Whatever the reason for the accumulation of toxins, it is good to do a detox every so often. The good news is that by following an ayurvedic daily and seasonal routine of diet, the body does this naturally. The morning is dedicated to clearing slow and cold mucous collected during the night as well as to turning on the enzymes. They burn off undigested material from the stomach and gut, which are potential causes of toxins. Also, the body is set to burn fat for energy. This is really important because the toxins lodge in the fatty tissue and when we burn fat, we burn toxins.

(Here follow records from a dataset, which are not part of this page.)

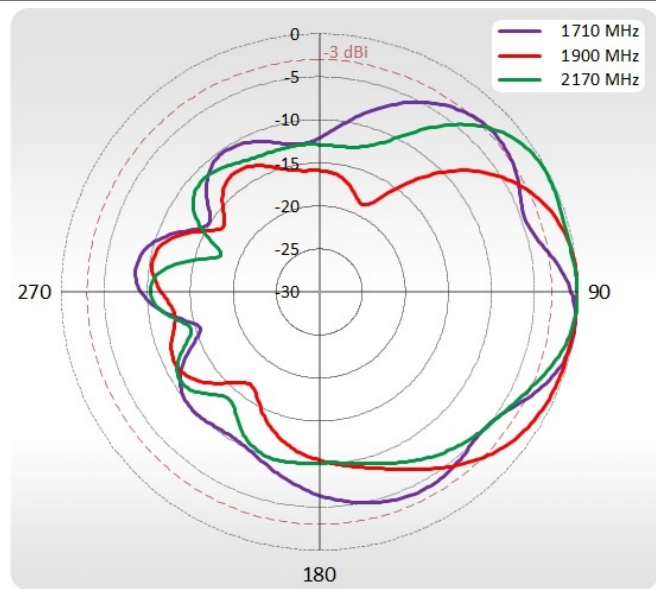

OUTDOOR

Use LTE router wherever you want

ANTENNA

Maximize your signal with QuWireless antennas

SOLUTION

Plug LTE router and you are good to go

LTE SPECIFICATION

FREQUENCY	0.694-0.96 GHz 1.7 - 2.2 GHz 2.2 - 2.7 GHz
Supported LTE bands	1, 2, 3, 4, 5, 6, 7, 8, 9, 10, 12, 13, 14, 15, 16, 17, 18, 19, 20, 23, 25, 26, 27, 28, 29, 30, 33, 34, 35, 36, 37, 38, 39, 40, 41, 44, 53, 65, 66, 67, 68, 69, 70, 71, 85
GAIN	0.694 - 0.96 GHz : 7 dBi 1.7 - 2.2 GHz : 7 dBi 2.2 - 2.7 GHz : 7 dBi
VSWR	<1.70, max <2.00
BEAMWIDTH	70°/70° ±15°
POLARIZATION	X-Pol
IMPEDANCE	50 Ω

MECHANICAL SPECIFICATION

MATERIALS	ABS, aluminum, Fiberglass, galvanized steel
INGRESS PROTECTION	IP67
DIMENSIONS	272 x 276 x 96 mm 10.71 x 10.87 x 3.78 inch
WEIGHT	1.8 kg 3.97 lbs
OPERATING TEMPERATURE	From -40°C to 75°C From -40°F to 167°F

VSWR

Port 1

Port 2

PLOTS

Port 1, 700-900 MHz Azimuth

Port 1, 700-900 MHz Elevation

Port 1, 1710-2170 MHz Azimuth

Port 1, 1710-2170 MHz Elevation

Port 1, 2300-2700 MHz Azimuth

Port 1, 2300-2700 MHz Elevation

PLOTS

Port 2, 700-900 MHz Azimuth

Port 2, 700-900 MHz Elevation

Port 2, 1710-2170 MHz Azimuth

Port 2, 1710-2170 MHz Elevation

Port 2, 2300-2700 MHz Azimuth

Identically, spring season is the part of the year when the body is willing to dispel toxins. The power of detoxing is strong if we treat our bodies accordingly. The spring diet is full of detoxifying alkaline food items like leafy greens: high in chlorophyll, they scrape and clean the gut and nourish the good bacteria to do their work. Also, springtime is the period when we should increase the use of spices and herbs in our kitchen as they easily manipulate the digestive and metabolic powers. Digestive spices such as turmeric, pepper, ginger, parsley, rosemary and chilli are all very familiar to us.

Ideally there would be no need to go on a specific detox if we just followed the daily and seasonal routines for the most part in our lives. Then the body will burn the fat that contains toxins and keep our digestive power strong so that any other toxins that enter the system are dealt with efficiently and eliminated without causing havoc.

BUDGET

One of the great benefits of a seasonal diet is that it is cheap. Being in season, these food items are cheaper than those grown artificially in the wrong season or brought to the supermarket from a great distance. We can perhaps grow food ourselves in our gardens or terraces, or go to gather nature’s resources straight from the source. Mushrooms, berries and wild herbs like dandelion are all there to be collected in abundance, given the right season. They can be made into preserves or dried and enjoyed at a later stage.

The benefits of the daily and seasonal routines are multiple. Once the wheel starts turning and we find synergy between nature and our individual tendencies and behavioural patterns, the effort to stay healthy and strong is minimal.

Following nature’s way is to follow our true purpose of living. Once we find it, the path opens up clearly in front of us and choices that take us in the right direction become natural. We start naturally rejecting what is harmful and gracefully lean towards the healthier options in life.